A deserving veteran of politics
Similar scenes repeated themselves during the unrest in and around major French cities and during the riots in the suburbs in the fall of 2005. Although Sarkozy was no longer viewed as a hero at the time, the French saw him as a man of action who spent time at the scene of the riots and his nights at police stations, proving himself master of the situation. Meanwhile, the other leaders of the right and the left sat in their offices, commenting on the events from afar.
It is as if Sarkozy has been campaigning for years, or perhaps his entire life -- as if the goal of everything he has done has been to move into the Elysée Palace one day as master of the house.
To reach that goal, he will have to focus on yet another campaign tour, his 12th or 13th such drive.
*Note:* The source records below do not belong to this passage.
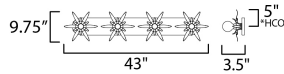

LAMPING

INPUT VOLTAGE : 120V
BULB : 4 x 60W Incandescent E26 Medium , 240W Total
BULB INCLUDED : (Not Included)
DIMMABLE : Y
LIGHTING_DIRECTION : Omni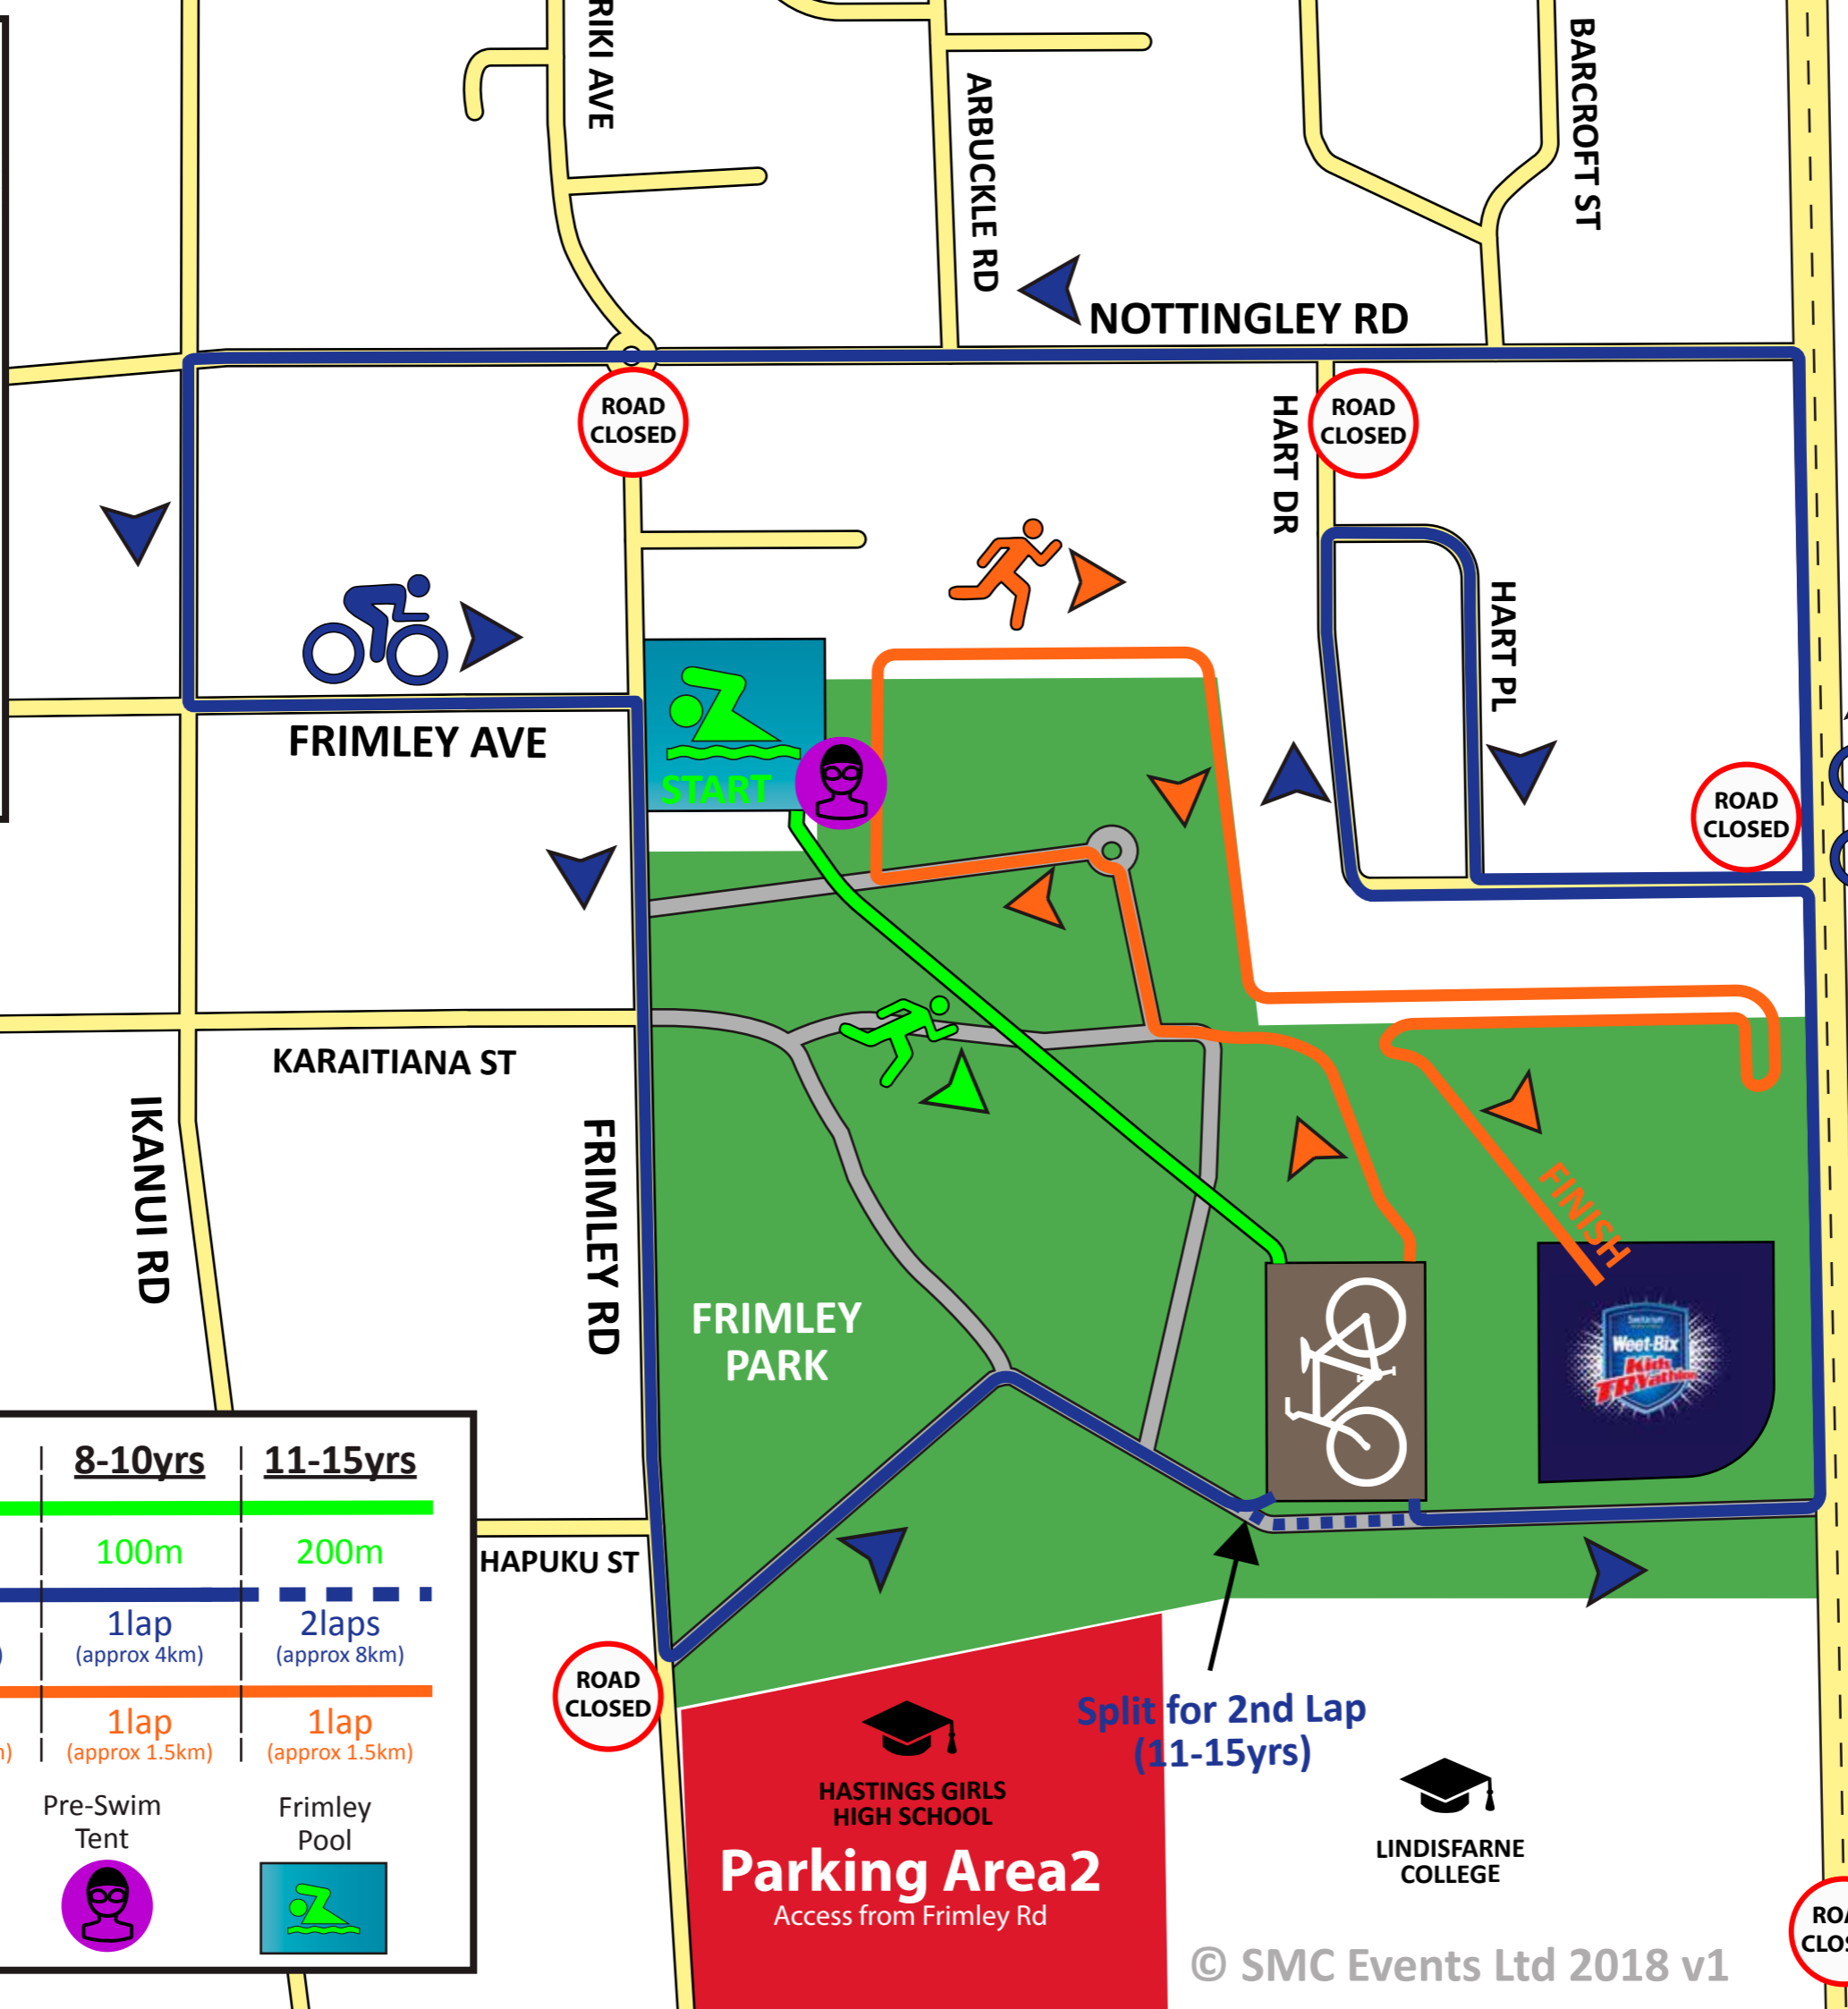

Hastings
Course Map

Frimley Park
Frimley

Wednesday
14 February 2018

Parking Area 1
Access from Nottingley Rd
end of Lyndhurst Rd
(No exit before 1:30pm)

	<u>7yrs</u>	<u>8-10yrs</u>	<u>11-15yrs</u>
Swim 			
Cycle 	50m 1lap (approx 4km)	100m 1lap (approx 4km)	200m 2laps (approx 8km)
Run 	1lap (approx 1.5km)	1lap (approx 1.5km)	1lap (approx 1.5km)
Kids TRYathlon Village 	Transition 	Pre-Swim Tent 	Frimley Pool 

Parking Area 2
Access from Frimley Rd

HASTINGS GIRLS HIGH SCHOOL

LINDISFARNE COLLEGE

© SMC Events Ltd 2018 v1

ROAD CLOSED

He has traveled the country with prime ministers, with candidates, presidents and losers. Sarkozy, at 52, is a deserving veteran of politics.
He knows the country, every one of its regions and Departments, and all of its cities -- and he has heard all of its problems. During his appearances, it sometimes seems as though he believed he had all the solutions at his fingertips. It is precisely at these moments that he seems uncanny, this man who is so convinced that he is familiar with the lives of his voters and speaks the language of the people. His message is: I'm ready. But the question now is whether France is ready for him? For Nicolas Sarkozy, it's a matter of victory or defeat as he nears the finish line of his lifelong Tour de France.